When you silence the teachers, you don’t just lose a classroom. You lose a generation.
The Assumption Nobody Questioned
When the community said “Web Forms must go,” they meant ViewState must go. They meant Server Controls must go. They meant PostBack must go.
And they were right, those abstractions had real costs.
But beneath those layers sat something else entirely: a clean HTTP processing engine where Request["email"] reads form data and Response.Write() sends it back. Two files. No configuration. A beginner sees HTML, writes JavaScript, reads request data in C#, and the entire round-trip is visible and traceable. The .aspx file is the frontend. The .aspx.cs file is the backend. The student can point at name="email" in HTML, then point at Request["email"] in C#, and say: this is the same thing. No middleware. No dependency injection. No model binding mystery. Just request in, processing, response out.
That foundation was never broken. It was never slow. It was never the problem.
But because the community defined Web Forms as its abstraction layer, removing the abstraction meant removing everything, including the simplest, most transparent path a beginner could take into C# web development.
The gateway wasn’t demolished because it was weak. It was demolished because nobody realized the building had a ground floor.
What Could Still Be
This isn’t about going backward. It’s about recognizing something: ecosystems grow from the bottom up.
Every thriving technology community has multiple entry points at different levels. Python has an easy on-ramp through simple scripts, then web development with Flask or Django, then AI and machine learning, then enterprise tooling. JavaScript has console.log and DOM manipulation, then frontend frameworks, then backend with Node, then full-stack architecture.
.NET currently has one path: enterprise-grade entry point leading to enterprise. One level. One audience.
What’s missing isn’t capability. C# is still beautiful. The runtime is still fast. The tooling is still excellent. What’s missing is a welcome mat, a path that says to beginners: start here, it’s safe, you’ll see results quickly.
Not to replace the advanced path. To exist alongside it. A door that says: come in, start here, we’re glad you’re curious.
When .NET 6 introduced Minimal APIs in 2021, someone at Microsoft noticed the problem. The simplicity of app.MapGet("/", () => "Hello World"); was a step back toward accessibility, a small acknowledgment that maybe the ceremony had gone too far. But it’s one step.
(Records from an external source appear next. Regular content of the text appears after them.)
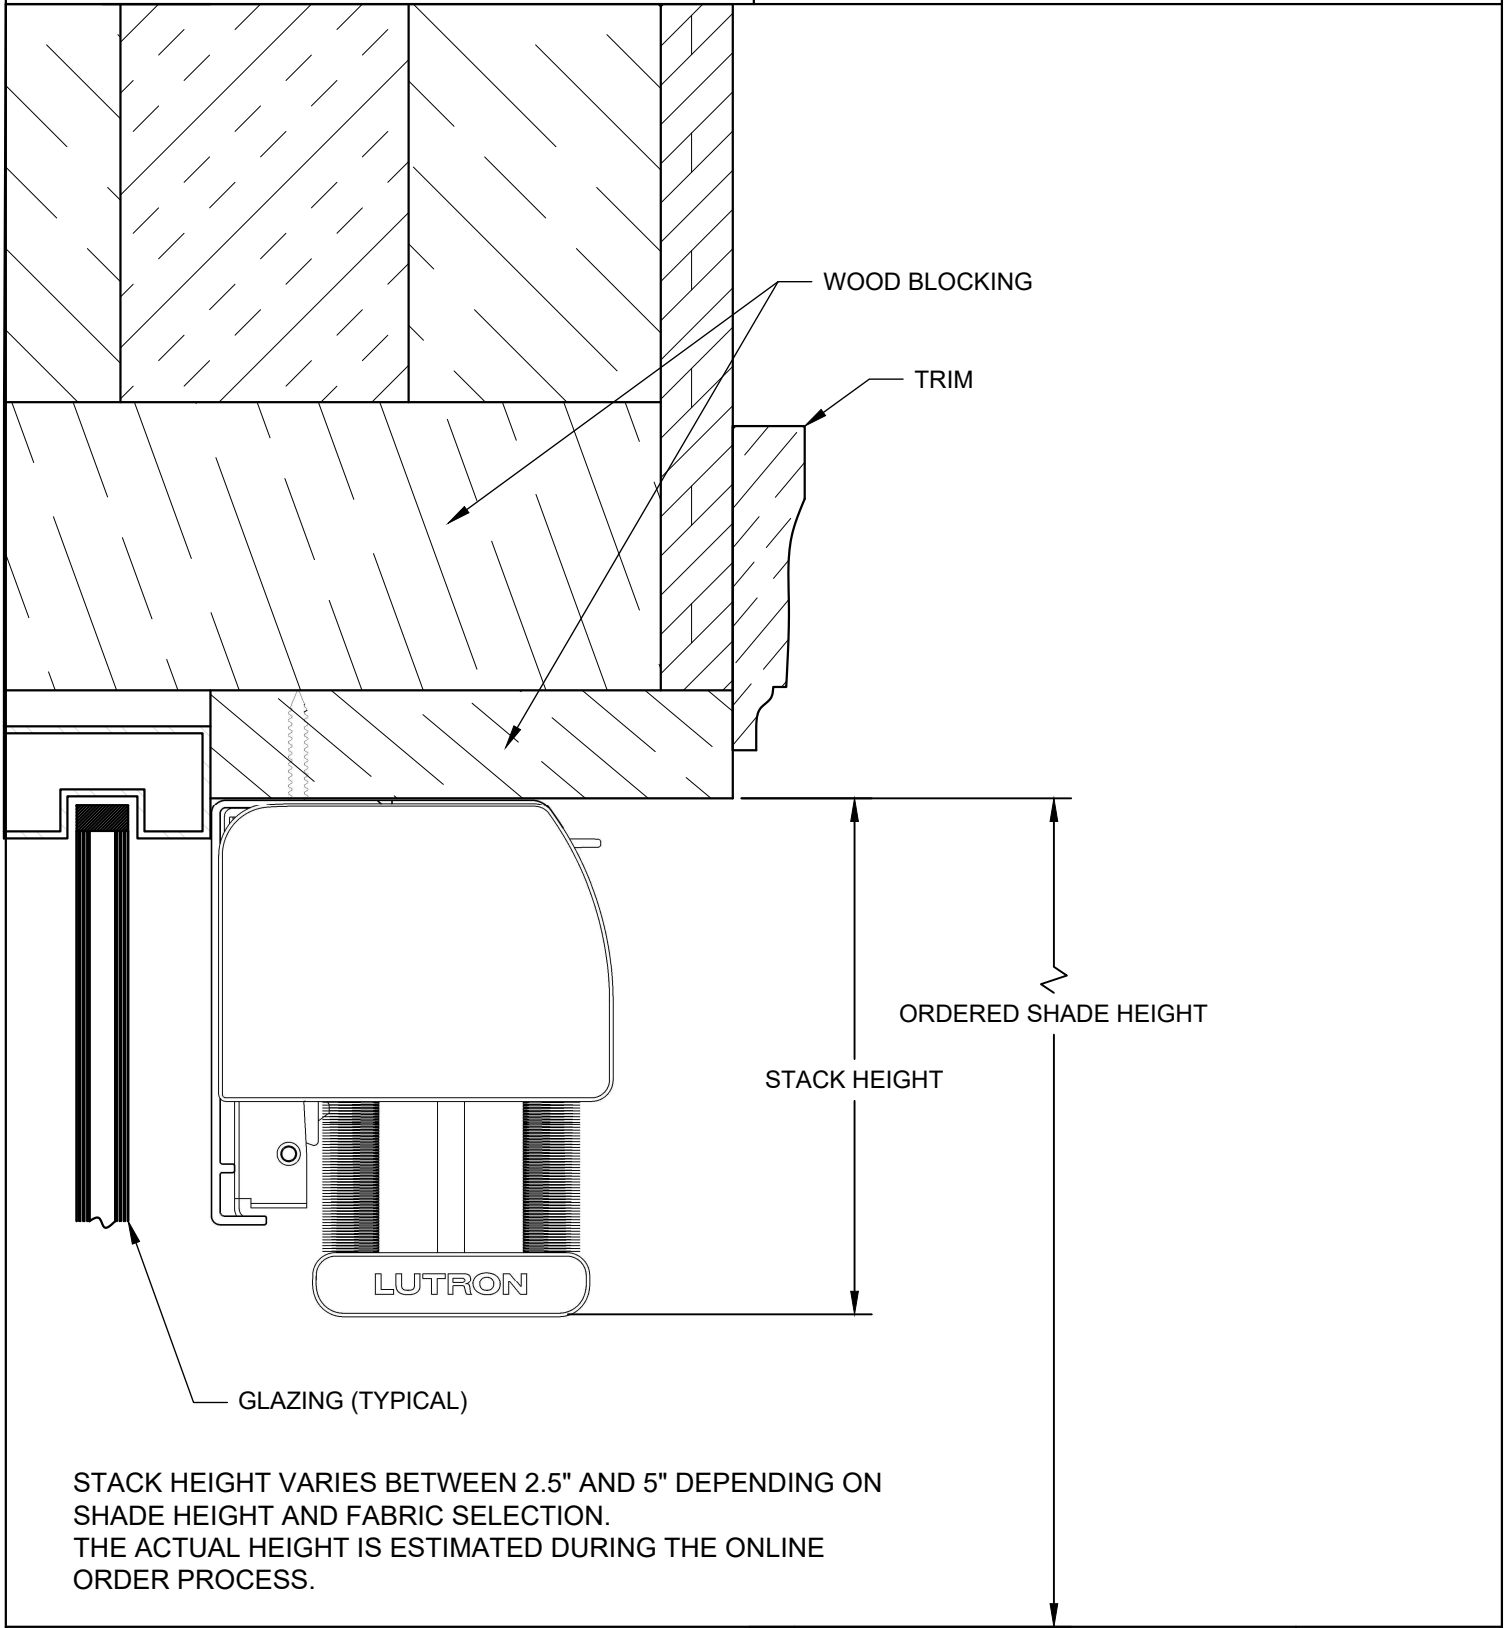

ARCHITECTURAL HONEYCOMB SHADE

INSIDE MOUNT

STACK HEIGHT VARIES BETWEEN 2.5" AND 5" DEPENDING ON SHADE HEIGHT AND FABRIC SELECTION. THE ACTUAL HEIGHT IS ESTIMATED DURING THE ONLINE ORDER PROCESS.

SHADE INSTALLED AS PROVIDED BY FACTORY WILL HAVE ALL NECESSARY CLEARANCES FOR PROPER OPERATION. IT IS THE RESPONSIBILITY OF THE MASTER TECHNICIAN TO ENSURE PROPER CLEARANCES ARE MAINTAINED AFTER INSTALLATION.

ARCHITECTURAL HONEYCOMB SHADE

085750

SCALE: 3/4

VIEW: 1

REVISION: A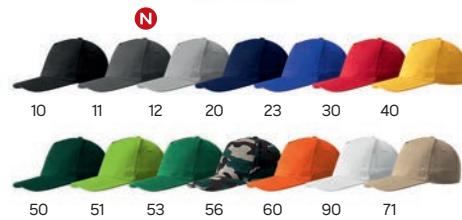

**Sprint** 54.004

CAP, 6 PANELS  
 Fabric: cotton, light brushed  
 Size: 58 cm  
 Packing: 120/30/1  
 Recommended print type: transfer printing, embroidery

**Debbi** 54.002

CAP, 5 PANELS  
 Fabric: cotton  
 Size: 58 cm  
 Packing: 120/30/1  
 Recommended print type: transfer printing, embroidery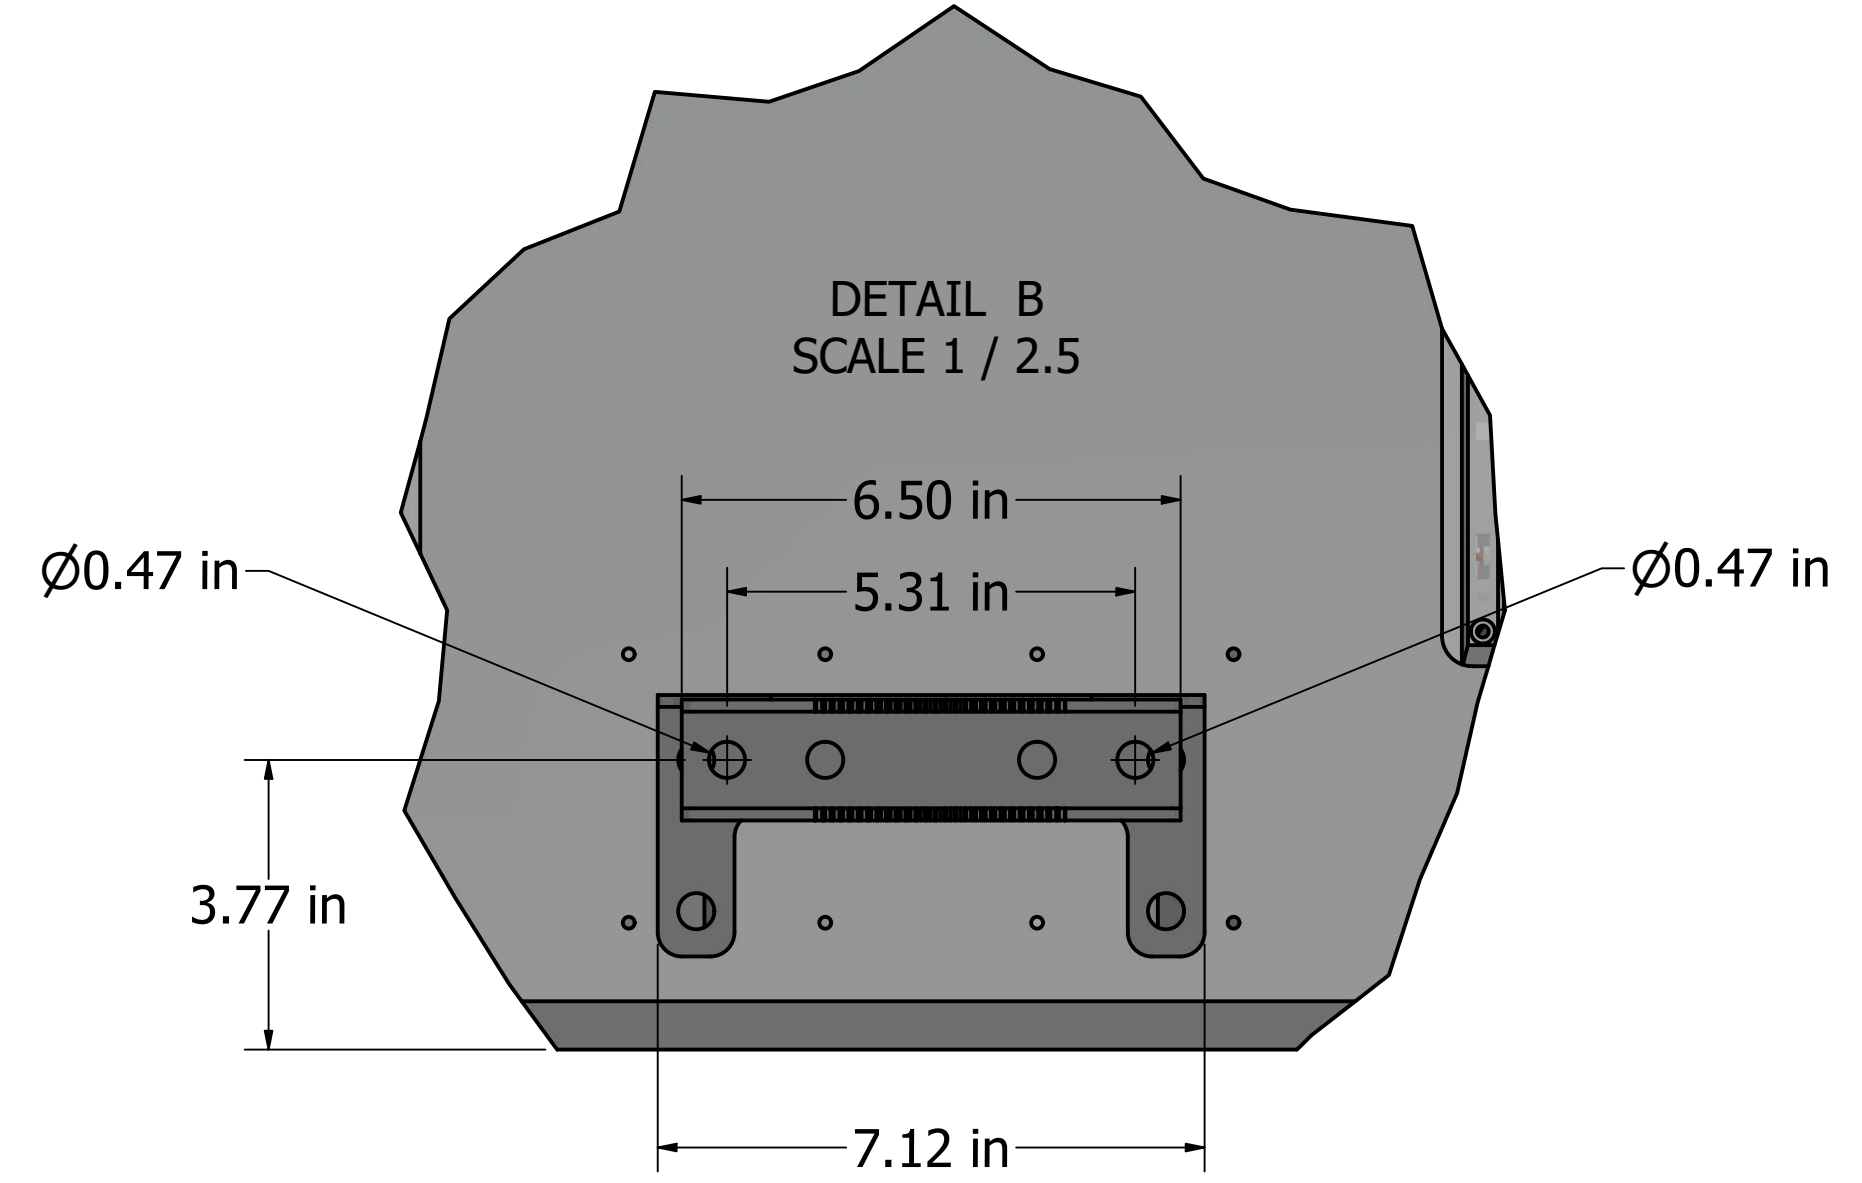

DRAWN MatSing		MatSing		
CHECKED Pavel	21/4/2019	TITLE		
QA		MS-MBA-3.2-H4-L4 Rev A (in)		
MFG		SIZE D	DWG NO MS-MBA-3.2-H4-L4	REV A
APPROVED		SCALE 1:6	SHEET 1 OF 3	

DRAWN MatSing		MatSing		
CHECKED Pavel	21/4/2019	TITLE		
QA		MS-MBA-3.2-H4-L4 Rev A (in)		
MFG		SIZE D	DWG NO MS-MBA-3.2-H4-L4	REV A
APPROVED		SCALE 1:4	SHEET 2 OF 3	

DRAWN MatSing		MatSing		
CHECKED Pavel	21/4/2019	TITLE		
QA		MS-MBA-3.2-H4-L4 Rev A (in)		
MFG		SIZE D	DWG NO MS-MBA-3.2-H4-L4	REV A
APPROVED		SCALE 1:2	SHEET 3 OF 3

The ecosystem needs a welcoming path, not just a simpler syntax.
A Gentle Closing
This article isn’t asking anyone to feel guilty. The people who made these decisions aren’t villains. They were navigating organizational realities, performance reviews that reward “launched new framework” over “maintained existing system,” career paths that require visible innovation, teams that need new projects to justify their existence.
Everyone was surviving their own constraints. The architect who promoted complexity was protecting their role. The team that deprecated the simple path needed new projects. The speaker who declared it “legacy” needed compelling conference content.
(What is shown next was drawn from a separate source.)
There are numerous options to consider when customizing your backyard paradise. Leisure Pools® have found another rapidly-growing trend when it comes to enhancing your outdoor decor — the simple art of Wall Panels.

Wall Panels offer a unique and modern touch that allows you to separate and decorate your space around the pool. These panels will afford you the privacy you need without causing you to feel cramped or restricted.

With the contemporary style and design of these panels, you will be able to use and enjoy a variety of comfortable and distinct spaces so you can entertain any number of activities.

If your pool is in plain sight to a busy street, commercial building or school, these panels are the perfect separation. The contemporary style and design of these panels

These are human realities. They deserve compassion, not condemnation.
But the consequence remains: the ecosystem lost its gateway. And an ecosystem without a gateway is an ecosystem that ages.
Ecosystems don’t die from external competition. They age when the path in narrows until only those who already know the way can find it.
On-ramps can be rebuilt.
The best tool for the job is the one you chose with open eyes, not the one that was chosen for you.
And the strongest ecosystem is the one that welcomes everyone, not just those who already know the way.